Problem -> Write the data out in full and word for word. Do not include images.

[Dataset records]
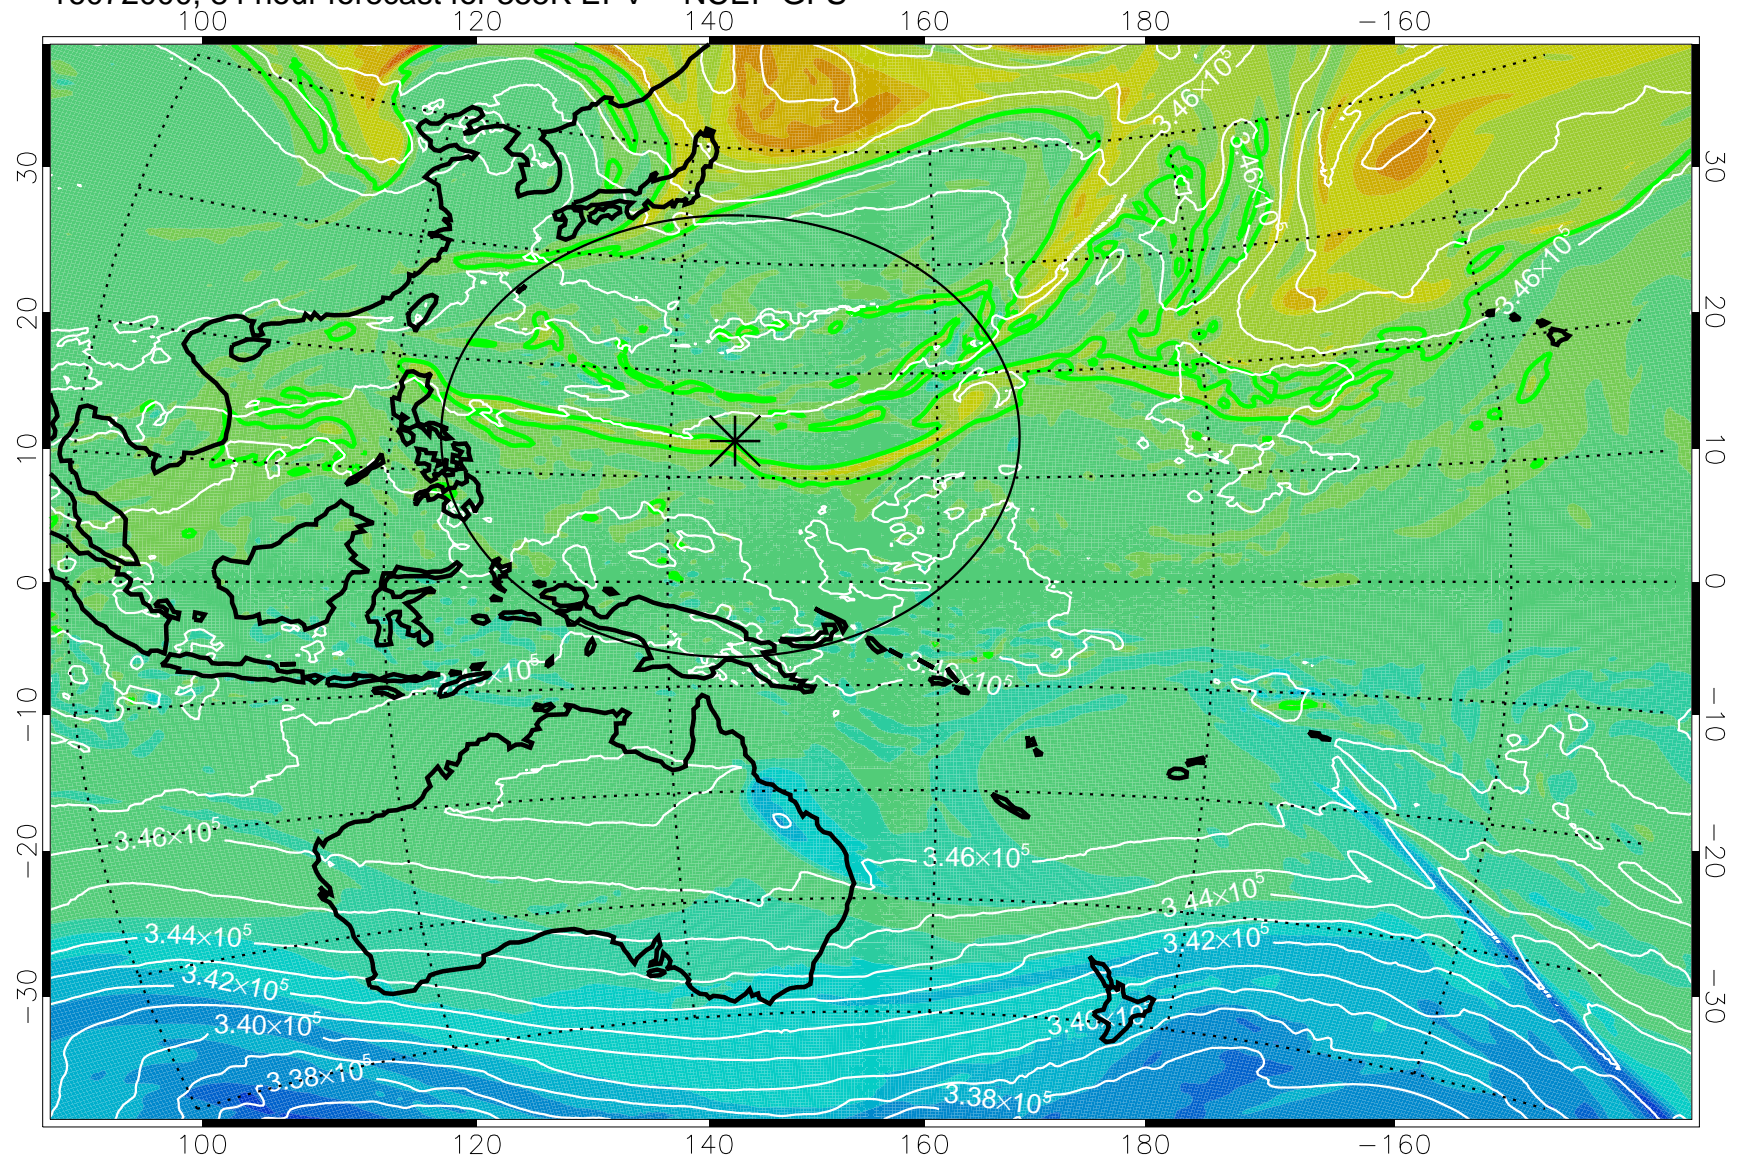

16071818, 54 hour forecast for 355K EPV -- NCEP GFS

355K Montgomery Streamfunction, white
EPV Tropopause (2 PVU) Position
Range ring of 2304 km

16071900, 60 hour forecast for 355K EPV -- NCEP GFS

355K Montgomery Streamfunction, white
EPV Tropopause (2 PVU) Position
Range ring of 2304 km

16071906, 66 hour forecast for 355K EPV -- NCEP GFS

355K Montgomery Streamfunction, white
EPV Tropopause (2 PVU) Position
Range ring of 2304 km

16071912, 72 hour forecast for 355K EPV -- NCEP GFS

355K Montgomery Streamfunction, white
EPV Tropopause (2 PVU) Position
Range ring of 2304 km

16071918, 78 hour forecast for 355K EPV -- NCEP GFS

355K Montgomery Streamfunction, white
EPV Tropopause (2 PVU) Position
Range ring of 2304 km

16072000, 84 hour forecast for 355K EPV -- NCEP GFS

355K Montgomery Streamfunction, white
EPV Tropopause (2 PVU) Position
Range ring of 2304 km

16072006, 90 hour forecast for 355K EPV -- NCEP GFS

355K Montgomery Streamfunction, white
EPV Tropopause (2 PVU) Position
Range ring of 2304 km

16072012, 96 hour forecast for 355K EPV -- NCEP GFS

355K Montgomery Streamfunction, white
EPV Tropopause (2 PVU) Position
Range ring of 2304 km
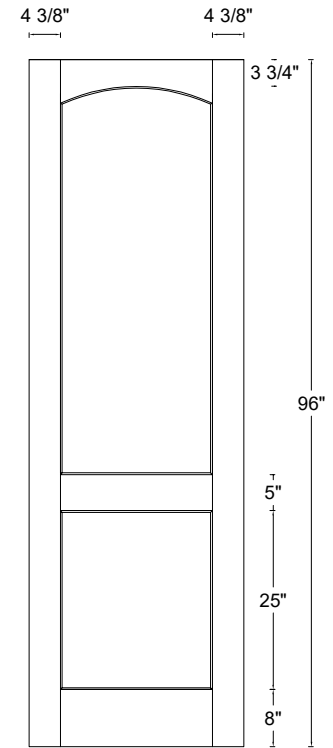

ROYAL DOOR
AND TRIM SUPPLIES LTD.

Front View

Front View

Front View

Front View

Style: #645

Height: 80" , 84" , 90" , 96"

Thickness: 1-3/4"

Profile:

Cross Section - Side Rail

Notes:

ROYAL DOOR
AND TRIM SUPPLIES LTD.

Front View

Front View

Front View

Front View

Style: #645

Height: 80" , 84" , 90" , 96"

Thickness: 1-3/8"

Profile:

Cross Section - Side Rail

Notes:
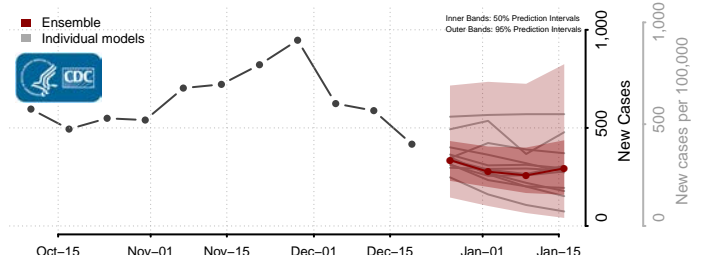

Flathead County, Montana
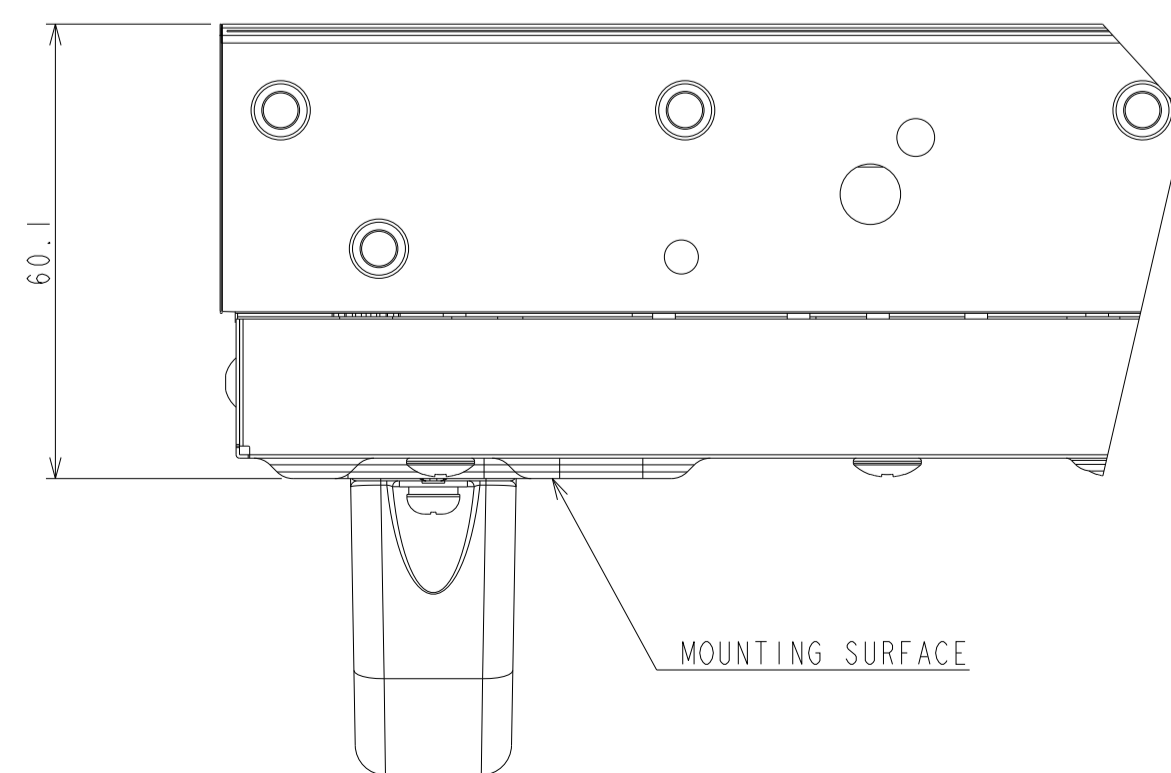

UX552S_OUTLINE

The center of gravity: it is within 10mm from active center.

SECTION A-A
SCALE 1/1

DETAIL B
SCALE 1/1

DETAIL C
SCALE 1/1

UNIT	mm
SCALE	1/5
MODEL	UX552S
NEC Display Solutions 2019/10/18	
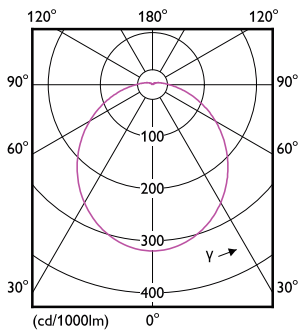

Photometric data

LEDBulbs_BR30 120V 72-65W 650lm 3000K E26 D
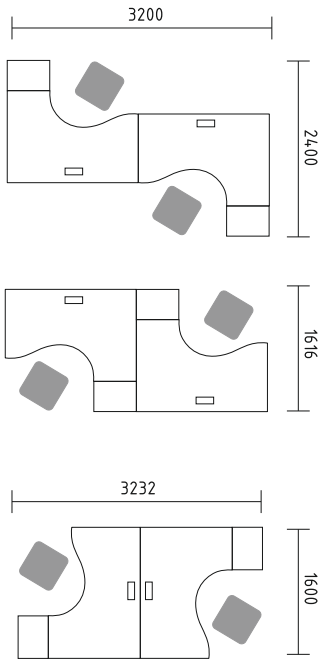

Thoughtful workstation layouts inspire concentration more effectively.
The design flexibility of the radial desks revolutionises the ergonomic planning of your work environment.
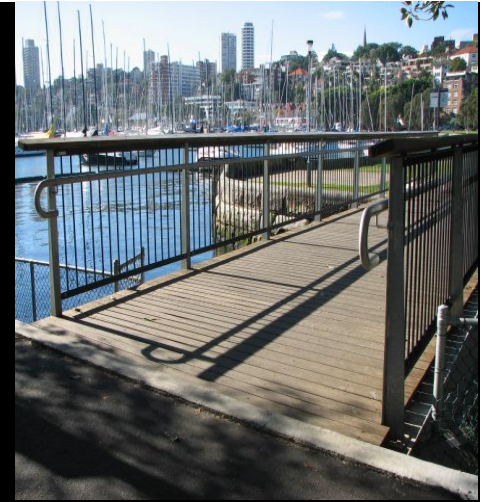

ROASTED ASH Decking
132mm x 20mm

SPOTTED GUM DECKING
88mm x19mm

DECKING TIMBER

Green off saw Spotted Gum Deck

Finger Jointed Decking 135mm x 22mm
Available in lengths up to 6.0 mts
Species: Blackbutt, Spotted Gum, Grey Ironbark, White Mahogany, Red Mahogany, Tallowwood & Turpentine
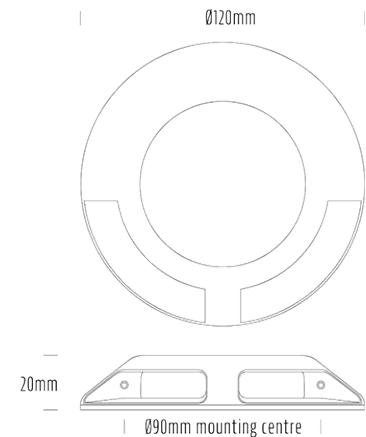

Runway light

SPECIFICATIONS

Product Code	AQL-565
Family	Phoenix
Construction Material	Solid Cast Brass
Cable	900mm Aqualux 2-Core Silicone / PTFE Cable
IP Rating	IP67
Warranty	5 Year Aqualux Warranty

CONFIGURED OPTIONS

Variant Code	AQL-565-B1B00830DFQ
Body Colour	Brushed Chrome
Control Gear	24V DC
Rated Power	8W
Nominal Lumens	600 lm
CCT / Colour	3000K / 300mA
Optical	DF
CRI	90
Other	AqualuxPLUS QuickConnect
Dimming	PWM 10V Dimming

INTRODUCTION

The AQL-565 is a stylish surface mount runway light with 180° spread. IK10 rating. 24V DC only.

1300 662 644
sales@aqualux.com.au
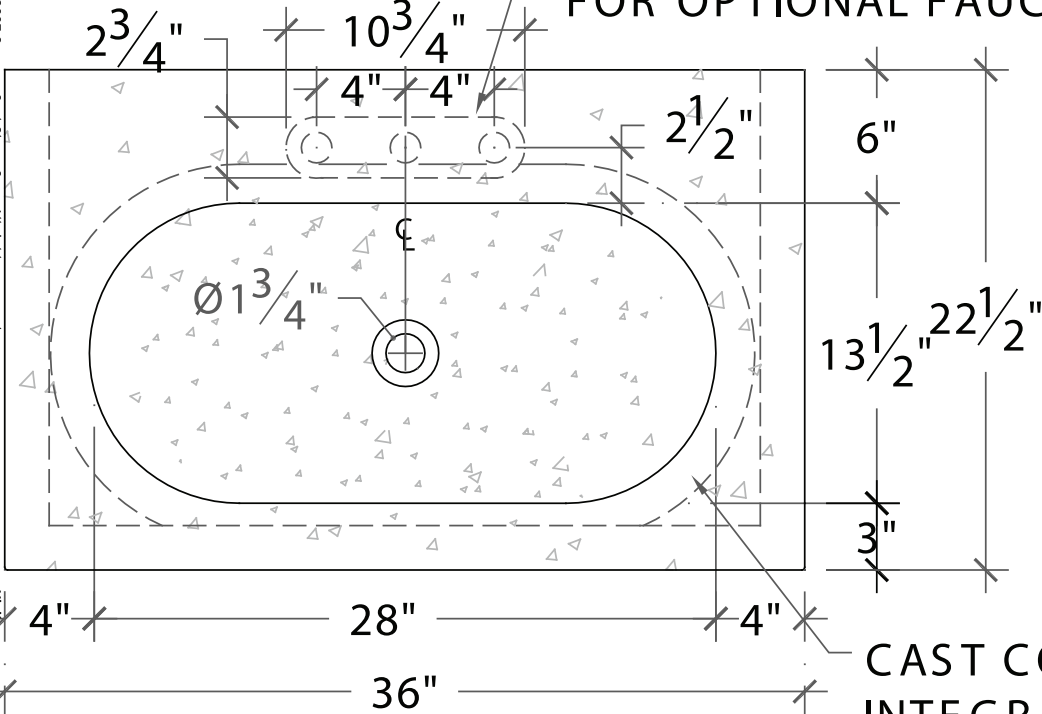

UNDERCOUNTER VOIDS FOR OPTIONAL FAUCET HOLES

CAST COUNTER WITH INTEGRAL TROUGHSINK

PLAN

SHOWN WITH OPTIONAL 1 1/8" x 4" SPLASH

FRONT ELEVATION

POLISHED FRONT & SIDE APRONS

SIDE SECTION

Written answer ->
16071818, 54 hour forecast for 355K EPV -- NCEP GFS

355K Montgomery Streamfunction, white
EPV Tropopause (2 PVU) Position
Range ring of 2304 km

16071900, 60 hour forecast for 355K EPV -- NCEP GFS

355K Montgomery Streamfunction, white
EPV Tropopause (2 PVU) Position
Range ring of 2304 km

16071906, 66 hour forecast for 355K EPV -- NCEP GFS

355K Montgomery Streamfunction, white
EPV Tropopause (2 PVU) Position
Range ring of 2304 km

16071912, 72 hour forecast for 355K EPV -- NCEP GFS

355K Montgomery Streamfunction, white
EPV Tropopause (2 PVU) Position
Range ring of 2304 km

16071918, 78 hour forecast for 355K EPV -- NCEP GFS

355K Montgomery Streamfunction, white
EPV Tropopause (2 PVU) Position
Range ring of 2304 km

16072000, 84 hour forecast for 355K EPV -- NCEP GFS

355K Montgomery Streamfunction, white
EPV Tropopause (2 PVU) Position
Range ring of 2304 km

16072006, 90 hour forecast for 355K EPV -- NCEP GFS

355K Montgomery Streamfunction, white
EPV Tropopause (2 PVU) Position
Range ring of 2304 km

16072012, 96 hour forecast for 355K EPV -- NCEP GFS

355K Montgomery Streamfunction, white
EPV Tropopause (2 PVU) Position
Range ring of 2304 km

ROYAL DOOR
AND TRIM SUPPLIES LTD.

Front View

Front View

Front View

Front View

Style: #645

Height: 80" , 84" , 90" , 96"

Thickness: 1-3/4"

Profile:

Cross Section - Side Rail

Notes:

ROYAL DOOR
AND TRIM SUPPLIES LTD.

Front View

Front View

Front View

Front View

Style: #645

Height: 80" , 84" , 90" , 96"

Thickness: 1-3/8"

Profile:

Cross Section - Side Rail

Notes:

Flathead County, Montana

UX552S_OUTLINE

The center of gravity: it is within 10mm from active center.

SECTION A-A
SCALE 1/1

DETAIL B
SCALE 1/1

DETAIL C
SCALE 1/1

UNIT	mm
SCALE	1/5
MODEL	UX552S
NEC Display Solutions 2019/10/18	

Photometric data

LEDBulbs_BR30 120V 72-65W 650lm 3000K E26 D

Thoughtful workstation layouts inspire concentration more effectively.
The design flexibility of the radial desks revolutionises the ergonomic planning of your work environment.

ROASTED ASH Decking
132mm x 20mm

SPOTTED GUM DECKING
88mm x19mm

DECKING TIMBER

Green off saw Spotted Gum Deck

Finger Jointed Decking 135mm x 22mm
Available in lengths up to 6.0 mts
Species: Blackbutt, Spotted Gum, Grey Ironbark, White Mahogany, Red Mahogany, Tallowwood & Turpentine

Runway light

SPECIFICATIONS

Product Code	AQL-565
Family	Phoenix
Construction Material	Solid Cast Brass
Cable	900mm Aqualux 2-Core Silicone / PTFE Cable
IP Rating	IP67
Warranty	5 Year Aqualux Warranty

CONFIGURED OPTIONS

Variant Code	AQL-565-B1B00830DFQ
Body Colour	Brushed Chrome
Control Gear	24V DC
Rated Power	8W
Nominal Lumens	600 lm
CCT / Colour	3000K / 300mA
Optical	DF
CRI	90
Other	AqualuxPLUS QuickConnect
Dimming	PWM 10V Dimming

INTRODUCTION

The AQL-565 is a stylish surface mount runway light with 180° spread. IK10 rating. 24V DC only.

1300 662 644
sales@aqualux.com.au

UNDERCOUNTER VOIDS FOR OPTIONAL FAUCET HOLES

CAST COUNTER WITH INTEGRAL TROUGHSINK

PLAN

SHOWN WITH OPTIONAL 1 1/8" x 4" SPLASH

FRONT ELEVATION

POLISHED FRONT & SIDE APRONS

SIDE SECTION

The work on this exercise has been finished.